Graf J L, Gibbs D L, Adzick N S, Harrison M R
Department of Surgery, University of California, San Francisco 94143-0570, USA.
J Pediatr Surg. 1997 Feb;32(2):214-5; discussion 216. doi: 10.1016/s0022-3468(97)90181-0.
In utero tracheal occlusion accelerates fetal lung growth in experimental animals. Following tracheal occlusion, animals with an intact diaphragm can develop hydrops; presumably the enlarged lungs increase intrathoracic pressure, compress the fetal heart, and occlude venous return.

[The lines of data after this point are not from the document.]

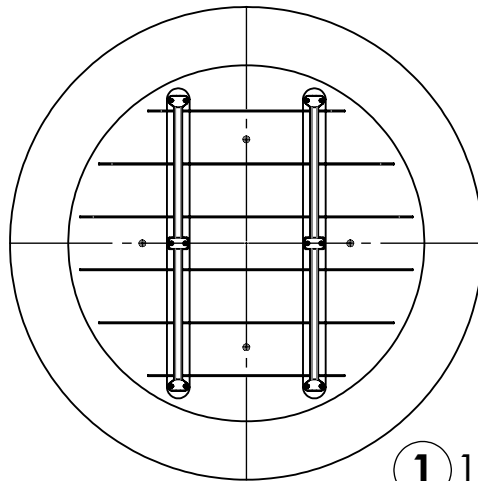

15 min.

1 1x

(2x M8)

>13<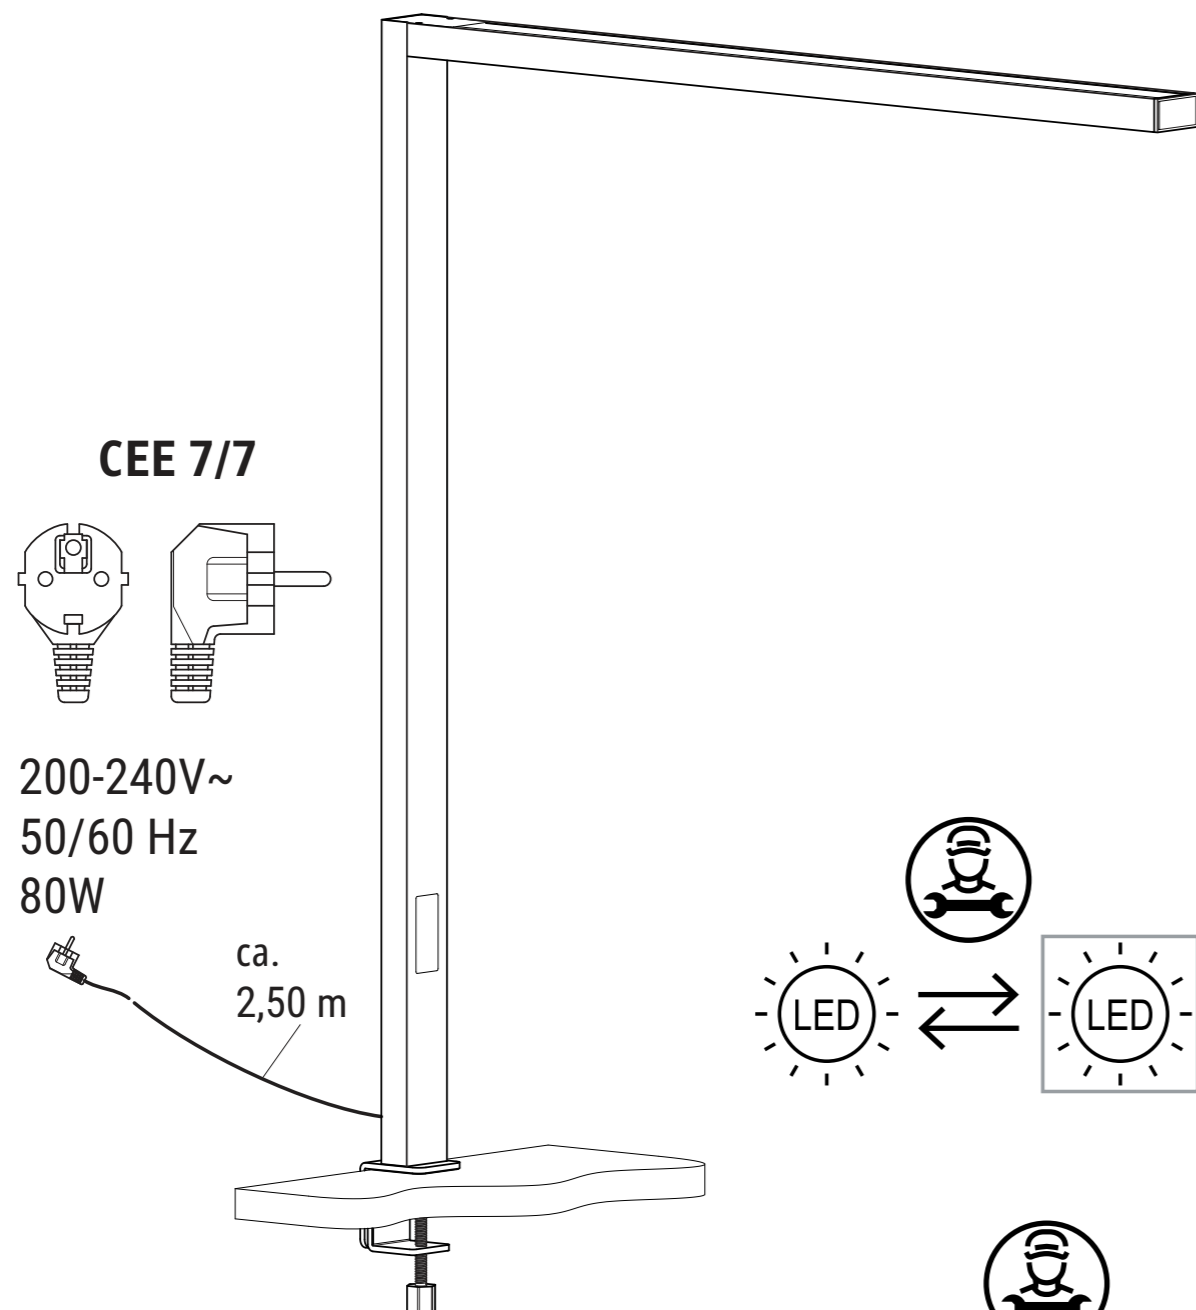

MAULsirius 825 93

MAUL

CEE 7/7

200-240V~
50/60 Hz
80W

ca.
2,50 m

www.maul.de

A

B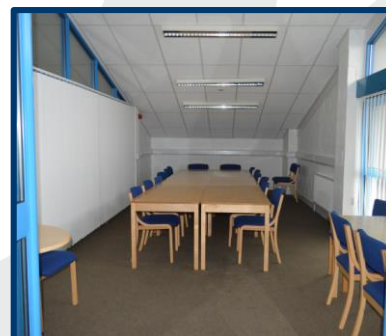

Meeting Room

Specification Sheet

WYMONDHAM
COLLEGE

A World Class State Boarding and Day School

A comfortable and modern meeting room seating 16 in boardroom style. IT, AV & Presentation materials are available.

Room Configuration & Capacity Options:

Boardroom Style: **16**

Room Dimensions:

4m x 9m

In contrast, in animals with a diaphragmatic hernia, even excessive lung expansion has not led to hydrops because the lung can expand through the diaphragmatic defect into the abdomen. The authors had assumed that the diaphragmatic defect in human fetuses with congenital diaphragmatic hernia would provide a similar "release valve" if excessive lung growth occurred. A recent case proved this assumption wrong. At 26 weeks' gestation, an in utero fetal tracheal occlusion was performed on a human fetus with a diaphragmatic hernia. Over the next 9 days there was rapid lung expansion and overdistention, compression of the fetal heart, and hydrops. These findings mimic those seen in fetuses with congenital high airway obstruction syndrome and has implications for in utero treatment of congenital diaphragmatic hernia.